Offloading to worker threads
When a task is genuinely CPU-heavy and unavoidable — image resizing, cryptography, compression, large-scale parsing — move it off the main thread with the worker_threads module. Each worker has its own V8 instance and event loop, so the work runs truly in parallel without touching your request-handling loop.
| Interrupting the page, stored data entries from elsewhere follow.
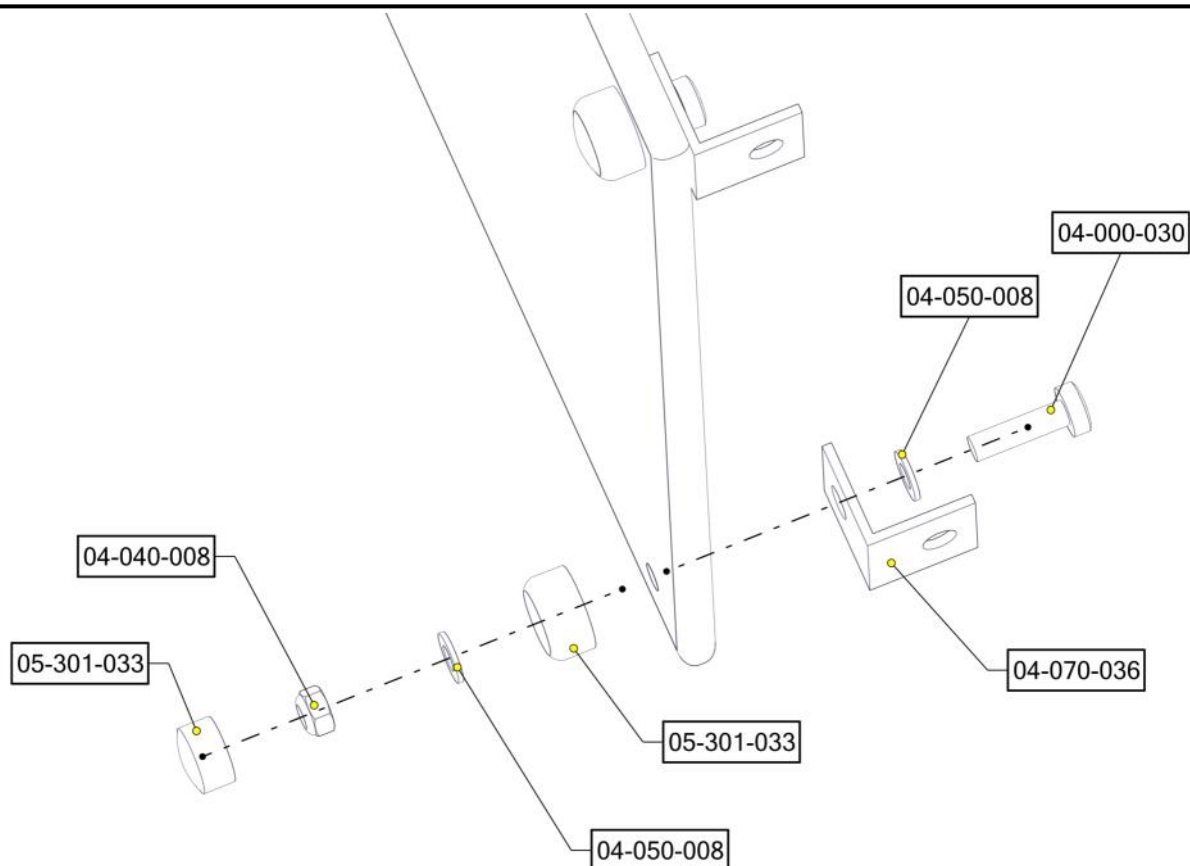

**søve**

Søve AB
EA Rosengrensgatan 32
421 31 Västra Frölunda
Phone: +46 (0)31 773 97 00
www.sove.se

Boltepakker for / Boltpackage for / Bultpaket för		Sign. _____		
Vegg 520 x 400 standard 07-510-619K	Navn	Artnr/ dimensjon	Ant	Lev
	Vegg standard 520 x 400 Lys grønn	07-510-619	1	
	Endedeksel flat M8 kropp Sort	05-301-033	4	
	Endedeksel flat M8 hode Sort	05-301-033	4	
	Vinkel 35 x 35 x 35 x 3 11mm hull	04-070-036	4	
	Torx M8x25	04-000-025	4	
	Torx M8x30	04-000-030	4	
	Låsemutter M8	04-040-008	4	

Boltepakker for / Boltpackage for / Bultpaket för

Sign. _____.

Vegg 520 x 400 standard 07-510-619K	Navn	Artnr/ dimensjon	Ant	Lev
	Skive M8	04-050-008	8	
	Brikke 50 1xM8	04-060-050	4	

Montering av lekeapparatet / Assembly instructions / Montering av lekredskapet

PartName	Artnr	Antall
Endedeksel flat M8 sort hode	05-301-033	4
Endedeksel flat M8 sort kropp	05-301-033	4
Låsemutter M8	04-040-008	4
Skive M8	04-050-008	8

PartName	Artnr	Antall
Torx M8x30	04-000-030	4
Vegg 520x400	07-510-619	1
Vinkel 35x35x35x3 11mm hull	04-070-036	4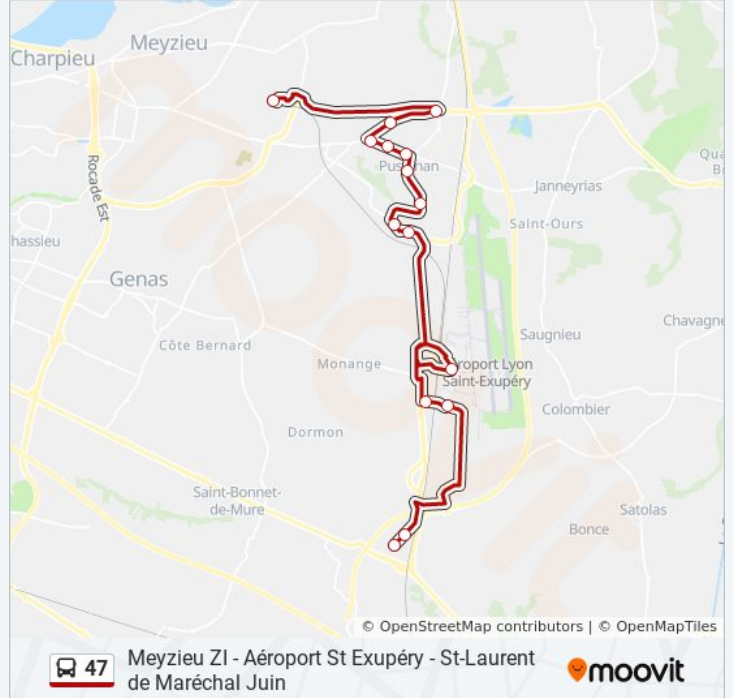

(1) Maréchal Juin: 05:50 - 23:20(2) Meyzieu Z.I.: 06:10 - 23:40

Utilisez l'application Moovit pour trouver la station de la ligne 47 de bus la plus proche et savoir quand la prochaine ligne 47 de bus arrive.

Direction: Maréchal Juin

15 arrêts

[VOIR LES HORAIRES DE LA LIGNE](#)

Meyzieu Z.I.
Z.I. Du Mariage
L'Odyssée
La Gaieté
Vallon
Place La Valla
Pusignan Mairie
Moifond
Z.I. Satolas Green
Pusignan Gutenberg
Aéroport St Exupéry -Bus
Aérop. St Ex. Air Parc
Aérop. St Ex. Cargo Port
Les Marches Du Rhône
Maréchal Juin

Horaires de la ligne 47 de bus

Horaires de l'itinéraire Maréchal Juin:

lundi	05:50 - 23:20
mardi	05:50 - 23:20
mercredi	05:50 - 23:20
jeudi	05:50 - 23:20
vendredi	05:50 - 23:20
samedi	05:50 - 23:20
dimanche	05:50 - 23:20

Informations de la ligne 47 de bus

Direction: Maréchal Juin

Arrêts: 15

Durée du Trajet: 37 min

Récapitulatif de la ligne:

Direction: Meyzieu Z.I.

15 arrêts

[VOIR LES HORAIRES DE LA LIGNE](#)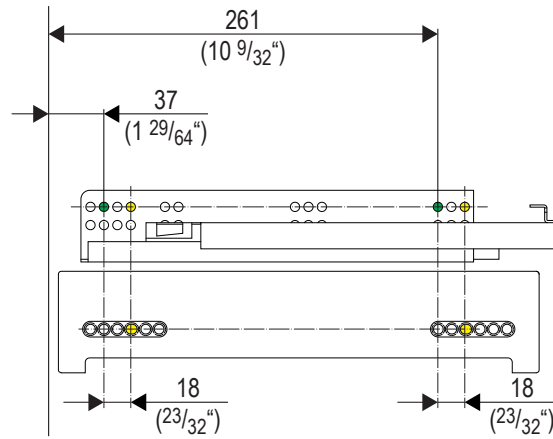

CONERO

Organizer 72 H 345

2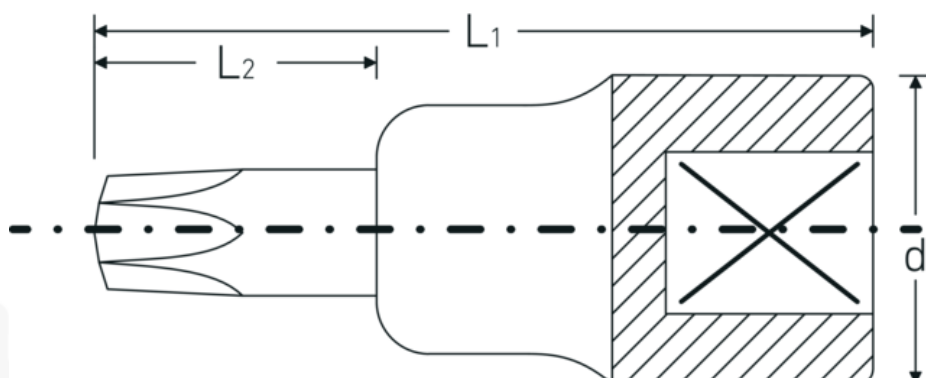

Douilles de tournevis TORX® 1/2

54TX

Réf. n° 03100045
GTIN 4018754006694
Modèle 54 TX T 45

Désignation. 1/2 " Douille pour tournevis Lg.55mm

Caractéristiques.

- pour vis TORX®
- Chrome-Alloy-Steel, chromées

Avantages.

pour vis TORX® mâles

Dessin technique.

Attributs techniques.

Empreinte TORX®

Données logistiques.

Profondeur mm (IFS) 55
Largeur 23

| | | | |
|--|---------|-------------------------------|---------------------|
| Carré d'entraînement intérieur (pouces) | 1/2 " | Hauteur mm (IFS) | 23 |
| d | 22,7 mm | Longueur (emballé, mm) | 100 |
| Taille Profil de sortie | T45 | Largeur (emballé, mm) | 80 |
| L1 | 55 mm | Hauteur (emballé, mm) | 23 |
| L2 | 17 mm | Volume (emballé, dm3) | 0.184 dm3 |
| | | Réf. n° | 03100045 |
| | | Poids (brut, kg) | 0,360 |
| | | Poids PAP (kg) | 0,000 |
| | | Poids PVC (kg) | 0,003 |
| | | GTIN | 4018754006694 |
| | | Pays d'origine | GERMANY |
| | | Région d'origine | Nordrhein-Westfalen |
| | | WEEE/ElektroG | nicht ear-pflichtig |
| | | Position tarifaire | 82042000 |
| | | Emballage | 5 |
| | | Poids | 74 g |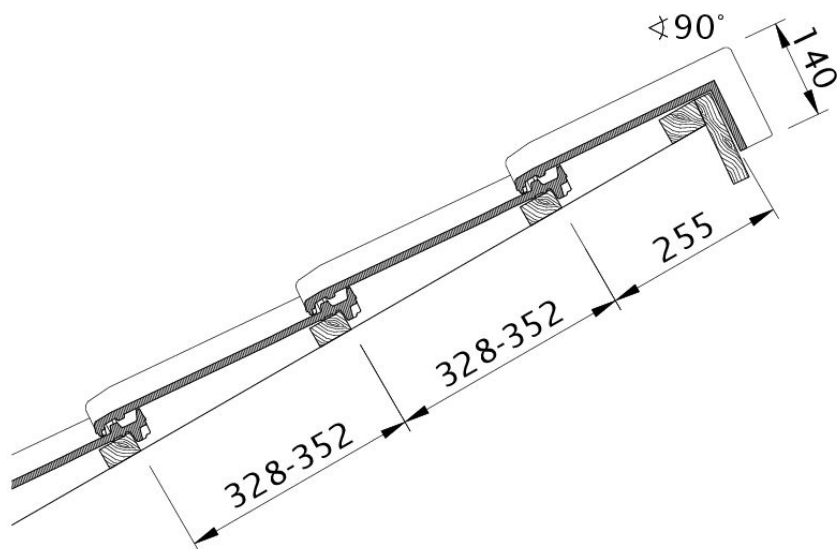

TECHNICKÉ DÁTA

Veľkosť (cca)	250 x 410 mm
Krycia šírka min. (cca)	197 mm
Krycia šírka v množstve (cca)	199 mm
Krycia šírka max. (cca)	201 mm
Vzdialenosť lát min. (cca)	328 mm
Vzdialenosť lát v počte (cca)	340 mm
Vzdialenosť lát max. (cca)	352 mm
Spotreba škridiel min. (cca)	14.2 ks / m ²
Spotreba škridiel množstvo (cca)	14.9 ks / m ²
Spotreba škridiel max. (cca)	15.6 ks / m ²
Hmotnosť na kus (cca)	3.1 kg / kus
Hmotnosť na m ² (cca)	46.2 kg / m ²
Hmotnosť na paletu (cca)	893 kg
Minimálne balenie, počet kusov	5 kus
ks/paleta	280 kus

Technický výkres škrídlý HARMONIE DQF DQF

Technický výkres škrídlý HARMONIE OBL OBL

Technický výkres škridla HARMONIE OBR OBR

Technický výkres škridla HARMONIE OG krajná levá škridla s plechom a škridla s dvojitou vlnou ODL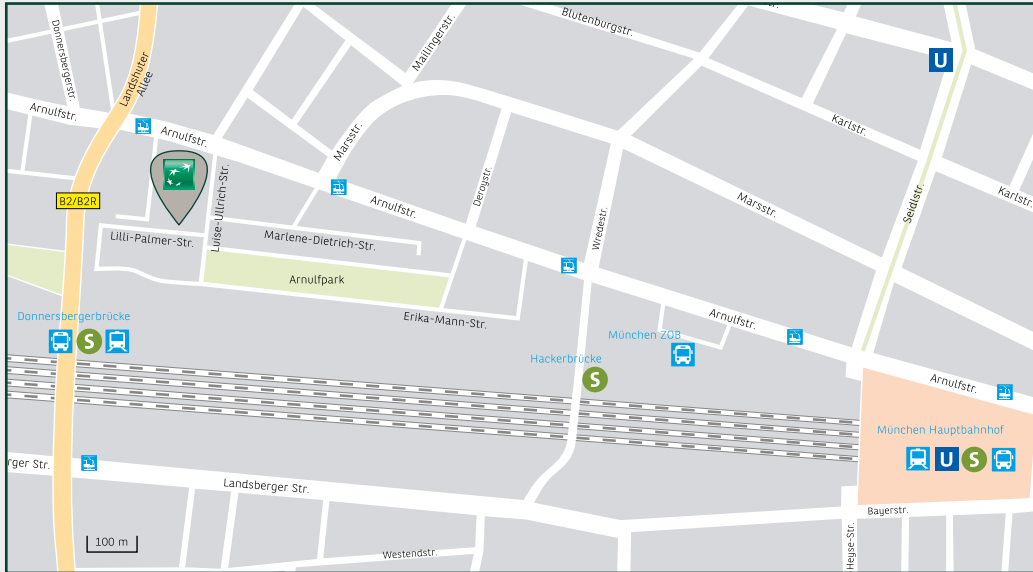

ANFAHRTSBESCHREIBUNG

BNP Paribas REIM Germany GmbH
Lilli-Palmer-Straße 2
80636 München
Tel.: +49 89 12 173-0

Parkmöglichkeiten

Die Tiefgaragenzufahrt befindet sich in der Lilli-Palmer-Straße 2. Die Besucherparkplätze befinden sich im 1. und 2. Untergeschoss.

ANREISE MIT DEM AUTO

Aus Richtung Stuttgart (Westen)

- Auf A8 Richtung München fahren. Beim Autobahnkreuz 81 auf die A99 Richtung Garmisch-P./Lindau/Schweiz folgen
- Auf die A96 Richtung München Sendling/München-Zentrum wechseln und die Ausfahrt München Sendling Richtung Nürnberg/Stadtmitte nehmen
- Weiter auf der B2/B2R (Mittlerer Ring) bis zur Ausfahrt Richtung Stuttgart/Zentrum/A8. Rechts abbiegen auf die Arnulfstraße und nach 200 m erneut rechts abbiegen auf die Luise-Ulrich-Straße und bis zur Lilli-Palmer-Straße folgen

Aus Richtung Nürnberg (Norden)

- Von Nürnberg kommend auf der A9 bis Ausfahrt München-Schwabing fahren, dann Richtung A95/M.-Schwabing/München/Garmisch-P./Zentrum und auf der Schenkendorfstraße/B2R bleiben und dem Mittleren Ring ca. 3 km folgen
- Leicht rechts die Ausfahrt Neuhausen/Zentrum nehmen und weiter auf der Landshuter Allee. Links in die Arnulfstraße und nach 200 m rechts abbiegen auf die Luise-Ulrich-Straße und bis zur Lilli-Palmer-Straße folgen

ANREISE MIT DEM ZUG (HAUPTBAHNHOF)

Mit der S-Bahn

Linien S1 – S8 in Richtung Pasing bis Haltestelle Donnersberger Brücke

Mit der Straßenbahn

Linie 16 Richtung Romanplatz oder 17 Richtung Amalienburgstraße bis Haltestelle Donnersberger Straße

// pool.js — run CPU work in a worker, await the result
import { Worker } from "node:worker_threads";
export function runTask(workerData) {
return new Promise((resolve, reject) => {
const worker = new Worker(new URL("./worker.js", import.meta.url), {
workerData,
});
worker.once("message", resolve);
worker.once("error", reject);
worker.once("exit", (code) => {
if (code !== 0) reject(new Error(`Worker exited with ${code}`));
});
});
}
// worker.js — the heavy computation lives here
import { workerData, parentPort } from "node:worker_threads";
import { createHash } from "node:crypto";
let hash = workerData;
for (let i = 0; i < 1_000_000; i++) {
hash = createHash("sha256").update(hash).digest("hex");
}
parentPort.postMessage(hash);
The main thread stays responsive while worker.js grinds through a million hash rounds. In a real service, keep a fixed pool of workers (one per CPU core) rather than spawning a new one per request — worker startup costs tens of milliseconds. Libraries like piscina provide a battle-tested pool, or you can build one around the snippet above.
Breaking up long tasks
Not every long task deserves a worker. If the work is mostly synchronous JavaScript over a large collection, you can yield the loop periodically so other callbacks get a turn. Slice the work into batches and hand control back with setImmediate between batches.
// Process a huge array without starving the loop
async function processInBatches(items, batchSize, handle) {
for (let i = 0; i < items.length; i += batchSize) {
const batch = items.slice(i, i + batchSize);
for (const item of batch) handle(item);
// Yield: let queued I/O and timers run before the next batch
await new Promise((resolve) => setImmediate(resolve));
}
}
await processInBatches(records, 1000, (r) => transform(r));
setImmediate schedules the continuation after the current I/O phase, so pending requests are serviced between batches. Prefer it over setTimeout(fn, 0), which is clamped to a minimum delay and adds avoidable latency.
A few common offenders and their fixes:
| Blocking pattern | Fix |
|---|---|
fs.readFileSync in a request path | Use await fs.readFile (async) |
JSON.parse on multi-MB payloads | Stream-parse, or do it in a worker |
crypto.pbkdf2Sync / bcrypt sync | Use the async variants |
| Tight loops over big arrays | Batch with setImmediate, or use a worker |
| Synchronous template/regex on huge input | Bound input size; offload heavy cases |
Best Practices
- Treat the event loop as a shared resource: any synchronous function over ~10 ms is a latency tax on every concurrent request.
- Monitor
monitorEventLoopDelayp99 in production and alert when it crosses your latency budget. - Always prefer the asynchronous form of core APIs (
fs.readFile,crypto.pbkdf2,zlib.gzip) over their*Synccounterparts in hot paths. - Offload genuinely CPU-bound work to a pooled set of
worker_threads, sized to your core count — never spawn a worker per request. - Break large synchronous loops into batches and yield with
setImmediateso I/O and timers stay responsive. - Profile before optimizing: use
--cpu-proforclinic flameto find the actual hot function instead of guessing. - Cap the size of untrusted input (request bodies, uploads) so a single payload can’t monopolize the loop.